She flinched but she said, “I don’t believe so. Mrs. Van Orner always treated her staff kindly.”
“What about her family?”
“Mrs. Van Orner has no living family.”
“Not even any children?”
“She was never able to have children.”
“What about her husband?”
Miss Yingling took offense at that. “Mr. Van Orner was devoted to her.”
Frank hadn’t gotten that impression at all, but Van Orner wasn’t likely to give Frank permission to investigate if he’d killed his wife himself. “All right, what about the rescue house? Anybody there have it in for her?”
“Everyone there admired Mrs. Van Orner. The work she did—”
“Not everybody admired her,” he reminded her.
Plainly, she really didn’t like speaking ill of other people. “I guess you mean this Amy person, the one who met with Mrs. Van Orner today.”
“You said you didn’t know what they talked about, but you must have some idea.”
After a brief internal struggle, Miss Yingling decided to help him. “I told you, Amy refuses to do anything to help herself. She’s convinced the father of her baby is going to help her. She even named her baby after the man. She named him Gregory.”
Frank needed a minute to remember. “That’s Mr. Van Orner’s name. Did she claim he was the baby’s father?”
“Not exactly. She hasn’t named the father, at least not right out, but I don’t know what she might have said to Mrs. Van Orner today. If Amy had made such a claim, Mrs. Van Orner would certainly have been upset. Oh!” she exclaimed suddenly. “I just realized, that might explain why she left without me today. She wouldn’t have wanted anyone to see how upset she was.”
“And she would’ve needed a nip or two from her flask.”
A knock distracted them. Miss Yingling opened the door to the maid, who carried in a small wooden crate and set it down on one of the chairs. Miss Yingling dismissed her.
Frank lifted the lid of the crate to find half-a-dozen decoratively shaped, emerald green bottles packed carefully in straw.

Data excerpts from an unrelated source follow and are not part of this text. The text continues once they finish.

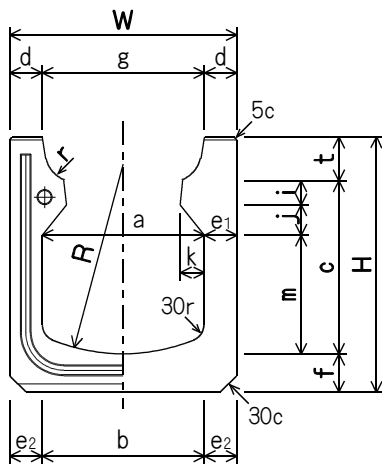

RE側溝

表面形状(ノックト)

プレート接続部

単位：mm

呼び	呼び寸法	寸法																		参考重量 (kg)
		a	b	c	d	e ₁	e ₂	f	g	i	j	k	m	t	r	R	W	H	L	
250A	250×250	250	250	260	45	55	55	65	270	30	75	36	155	81	50	300	360	406	2000	320
250B	250×300	250	250	310	45	55	55	65	270	30	75	36	205	81	50	300	360	456	2000	348
250C	250×400	250	240	410	45	55	60	65	270	30	75	36	305	81	50	300	360	556	2000	408
250D	250×500	250	230	510	45	55	65	65	270	30	75	36	405	81	50	300	360	656	2000	473
250E	250×600	250	220	610	45	55	70	75	270	30	75	36	505	81	50	300	360	766	2000	559
250F	250×700	250	200	710	45	55	80	80	270	30	75	36	605	81	50	300	360	871	2000	655
250G	250×800	250	190	810	45	55	85	85	270	30	75	36	705	81	50	300	360	976	2000	745
250H	250×900	250	180	910	45	55	90	90	270	30	75	36	805	81	50	300	360	1081	2000	840
300A	300×300	300	300	320	60	60	60	70	300	44	56	45	220	81	55	350	420	471	2000	422
300B	300×400	300	300	420	60	60	60	70	300	44	56	45	320	81	55	350	420	571	2000	480
300C	300×500	300	280	520	60	60	70	85	300	44	56	45	420	81	55	350	420	686	2000	587
300D	300×600	300	280	620	60	60	70	85	300	44	56	45	520	81	55	350	420	786	2000	649
300E	300×700	300	260	720	60	60	80	85	300	44	56	45	620	81	55	350	420	886	2000	740
300F	300×800	300	250	820	60	60	85	90	300	44	56	45	720	81	55	350	420	991	2000	833
300G	300×900	300	240	920	60	60	90	95	300	44	56	45	820	81	55	350	420	1096	2000	895
400A	400×400	400	400	420	65	65	65	70	400	40	56	56	324	101	50	450	530	591	2000	586
400B	400×500	400	380	520	65	65	75	75	400	40	56	56	424	101	50	450	530	696	2000	665
400C	400×600	400	370	620	65	65	80	80	400	40	56	56	524	101	50	450	530	801	2000	756
400D	400×700	400	360	720	65	65	85	85	400	40	56	56	624	101	50	450	530	906	2000	852
400E	400×800	400	350	820	65	65	90	90	400	40	56	56	724	101	50	450	530	1011	2000	953
500A	500×500	500	500	520	75	75	75	80	500	40	82	56	398	101	50	550	650	701	2000	787
500B	500×600	500	480	620	75	75	85	85	500	40	82	56	498	101	50	550	650	806	2000	864
600A	600×600	600	600	620	80	80	80	90	600	40	90	59	490	121	55	650	760	831	2000	1018

They might have held fancy perfume, but when Frank picked one up to examine the label, he saw they were, as Miss Yingling had said, some kind of liqueur called crème de menthe. Five of them were still sealed, but the sixth was more than half empty.
“I’ll need to take these with me to have them tested.”
“Do you think . . . Could there be something in it that killed her?”
“Only if somebody put it in there.”
“Oh!” She lifted her fingers to her lips again.
“Is it all right if I take them? And the flask, too?”
“Of course,” Miss Yingling said, taking a step back, as if afraid of contamination. “I’m sure no one else will be interested in them now.”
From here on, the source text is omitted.